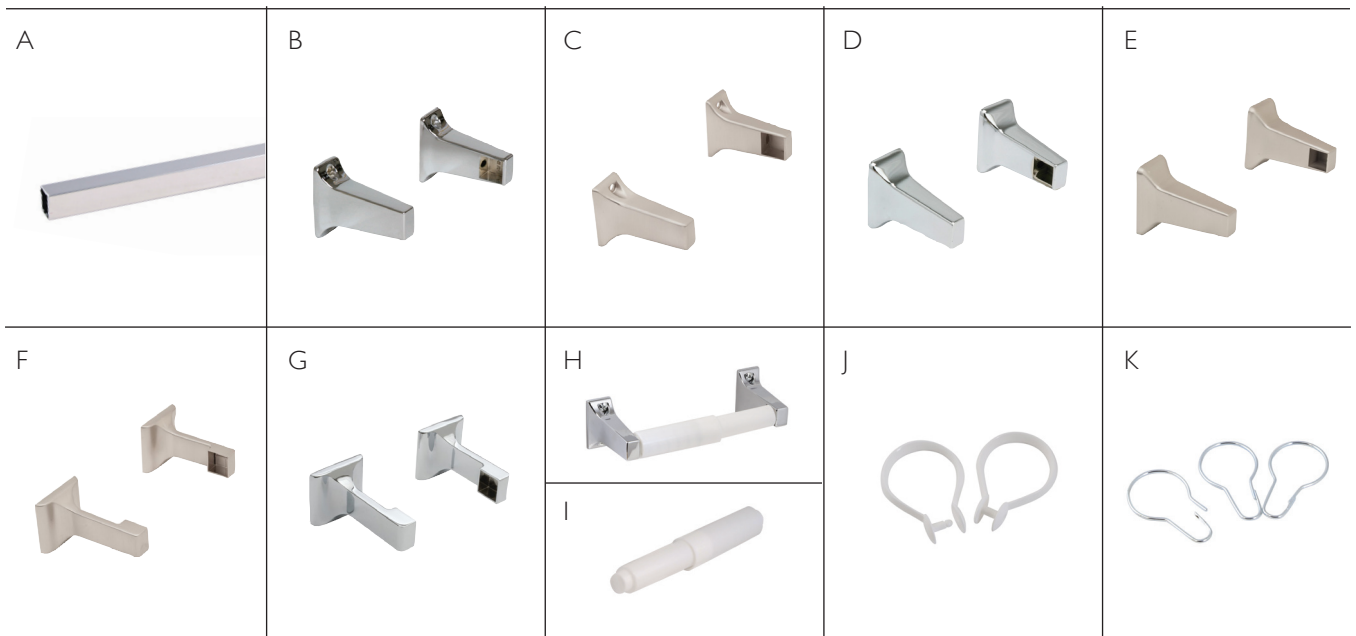

Bath Accessories

PRODUCT #	DESCRIPTION	LIST PRICE	PRODUCT #	DESCRIPTION	LIST PRICE
A ▲564369	5/8" x 18" Towel bar in polished aluminum	$3.49	E ▲564278	5/8" Bar bracket in satin nickel	$8.49
▲564385	5/8" x 24" Towel bar in polished stainless steel	5.49	▲564336	3/4" Bar bracket in satin nickel	8.49
▲564393	5/8" x 24" Towel bar in satin nickel	6.49	F ▲564351	3/4" Bar arm bracket in satin nickel	8.49
▲564435	3/4" x 18" Towel bar in polished stainless steel	4.95	G 559930	3/4" Bar arm bracket in chrome	7.95
▲564450	3/4" x 24" Towel bar in polished stainless steel	5.95	H 564112	Exposed mount toilet paper holder in chrome	9.49
564468	3/4" x 24" Towel bar in satin nickel	7.49	564120	Concealed mount toilet paper holder in chrome	9.49
▲564484	3/4" x 30" Towel bar in polished stainless steel	5.95	▲564138	Concealed mount toilet paper holder in satin nickel	9.95
▲564500	3/4" x 36" Towel bar in polished stainless steel	5.95	I ▲564146	Plastic toilet tissue roller 5 pk in white	9.49
B 559948	5/8" Bar bracket in chrome	7.95	▲564153	Plastic toilet paper roller step end 5 pk in white	9.49
▲564302	3/4" Bar bracket in chrome	7.49	▲564161	Plastic toilet paper roller step end 5 pk in chrome	14.49
C ▲559955	5/8" Bar bracket in satin nickel	8.49	J 564245	Plastic shower curtain rings 12 pk in white	5.95
▲564310	3/4" Bar bracket in satin nickel	8.49	K 564252	Shower curtain rings 24 pk in chrome	6.95
D ▲564260	5/8" Bar bracket in chrome	7.49			
▲564328	3/4" Bar bracket in chrome	7.49
§
▶ **What the task asks**
Going through the listing above, copy out every line that has the string "paper".

▶ **Result for this task**
▲564450	3/4" x 24" Towel bar in polished stainless steel	5.95	H 564112	Exposed mount toilet paper holder in chrome	9.49
564468	3/4" x 24" Towel bar in satin nickel	7.49	564120	Concealed mount toilet paper holder in chrome	9.49
▲564484	3/4" x 30" Towel bar in polished stainless steel	5.95	▲564138	Concealed mount toilet paper holder in satin nickel	9.95
B 559948	5/8" Bar bracket in chrome	7.95	▲564153	Plastic toilet paper roller step end 5 pk in white	9.49
▲564302	3/4" Bar bracket in chrome	7.49	▲564161	Plastic toilet paper roller step end 5 pk in chrome	14.49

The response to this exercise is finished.